■ **Task details**: Although pictures appear in the data, the answer should contain only the lines from its start through the line with "Distribución luminosa: Directa.", written out exactly.

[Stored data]

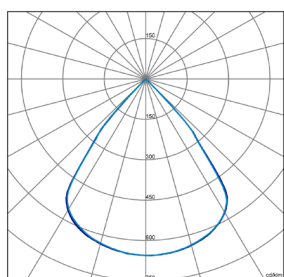

T55/OPT1

ES

Montaje: Empotrado.
Fuente de luz: Módulos lineales LED SMD TRIDONIC. Temperatura de color 4000K. Disponible, 3000K.
Sistema óptico: Óptica estándar, 80°. Disponible, 50°.
Distribución luminosa: Directa.
Equipo eléctrico: Equipo de control electrónico. PF>0,95. Disponible, regulable DALI y/o kit de emergencia (1-3 h).
Materiales: Cuerpo: Perfil de aluminio extruido. Difusor: Óptica de 80°, 50°.
Acabado: Color blanco RAL 9003. Disponible, gris RAL 9006, negro RAL 9005.

EN

Mounting: Recessed.
Light source: TRIDONIC SMD LED linear modules SMD. Temperature color 4000K. Available, 3000K.
Optical system: Standard lens 80°. Available, 50°.
Light distribution: Direct.
Electrical equipment: Electronic control gear. PF>0,95. Available, dimmable DALI and/or emergency kit (1-3 h).
Materials: Body: Extruded aluminum profile. Diffuser: Lenses 80°, 50°.
Surface finish: White color RAL 9003. Available, grey RAL 9006, black RAL 9005.

ESTANDAR | STANDARD
T55/OPT1-80°-2810-63W

T55/OPT1-50°-2810-63W
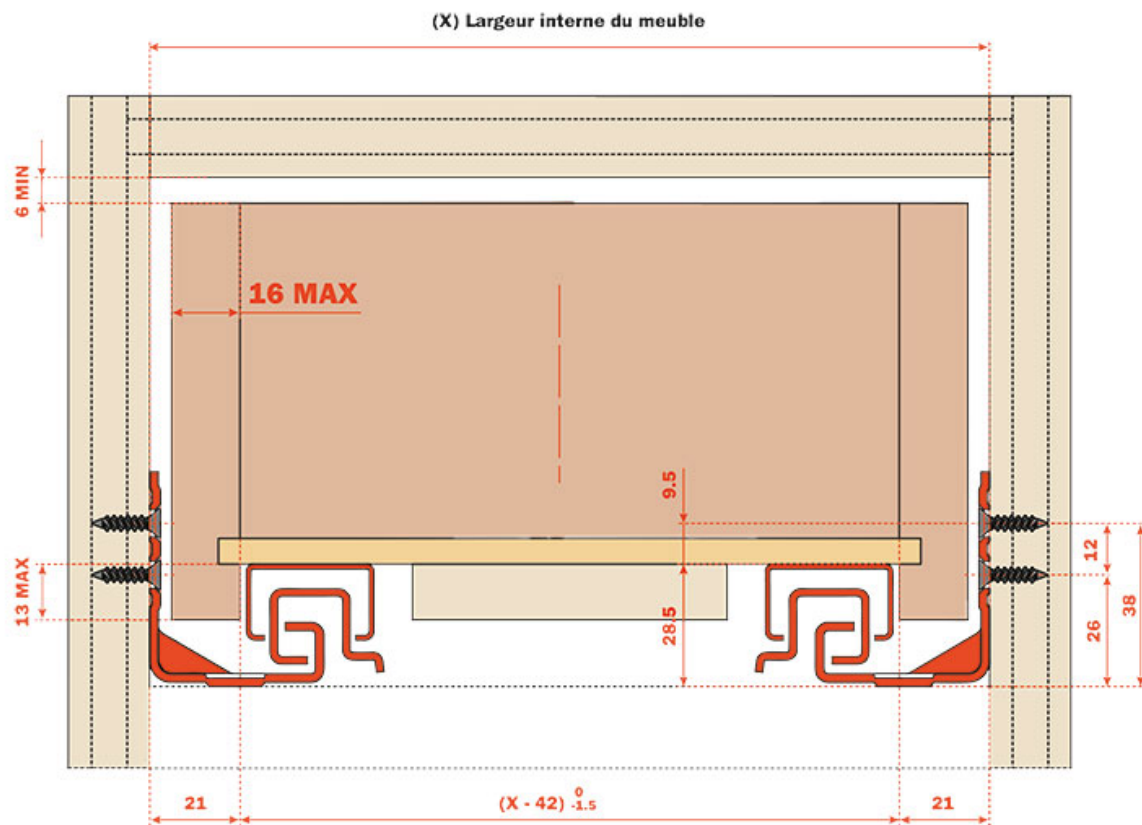

COULISSE BOIS PROGRESSA+ PUSH

SALICE

SALICE

<http://www.qama.fr/coulisse-bois-progressa-push-p70074>

Tel : 02 43 13 49 49

Fax : 02 43 30 26 16

www.qama.fr
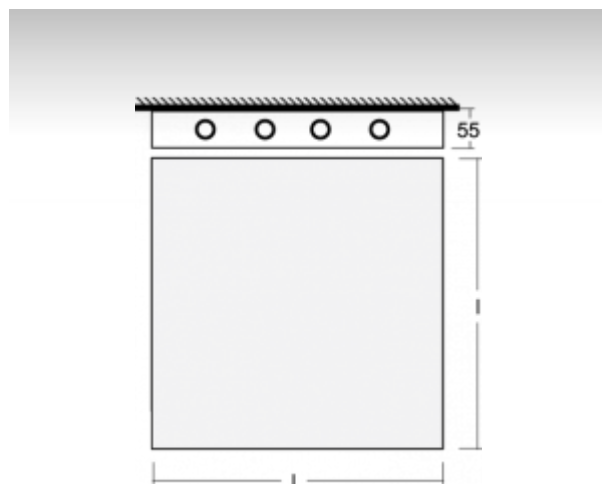

ELUMI

13-200I-6039EI, W

ОПИСАНИЕ СЕМЬИ СВЕТИЛЬНИКОВ

Светильники семьи ELUMI - это самостоятельные подвесные, накладные или настенные светильники с прямо-непрямым или прямым сиянием. Они образуются очень тонкой алюминиевой рамкой, в которую вставляется опаловый рассеиватель. Светильники изготавливаются в большом количестве различных цветов и размеров. Благодаря приятному диффузионному рассеиванию света и значительному видовому разнообразию светильники из семьи ELUMI найдут широкое применение в общественных, представительных или торговых помещениях.

ОПИСАНИЕ ПРОДУКТА

Материал светильника	алюминий
Цвет светильника	белый цвет
Форма светильника	Квадратный светильник
Размер светильника	900mm x 900mm x 55mm
Тип монтажа	Накладные, Подвесные
Распределение света	Прямое освещение
Тип оптики	Микропризматическая оптическая система
Напряжение	220-240V
Тип подключения	Электронная ПРА. Нерегулируемая. Для ламп различной мощности
Электрический класс	I
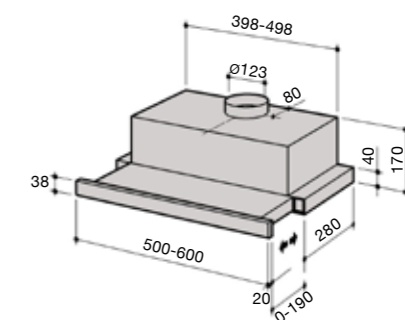

Код	Наименование
90616	PH-2605-S 50 см RST
90617	PH-2606-S 60 см RST

Рекомендуемые модели AC-вентилятора
VILPE E-190, 220

■ **Your response**:
T55/OPT1

ES

Montaje: Empotrado.
Fuente de luz: Módulos lineales LED SMD TRIDONIC. Temperatura de color 4000K. Disponible, 3000K.
Sistema óptico: Óptica estándar, 80°. Disponible, 50°.
Distribución luminosa: Directa.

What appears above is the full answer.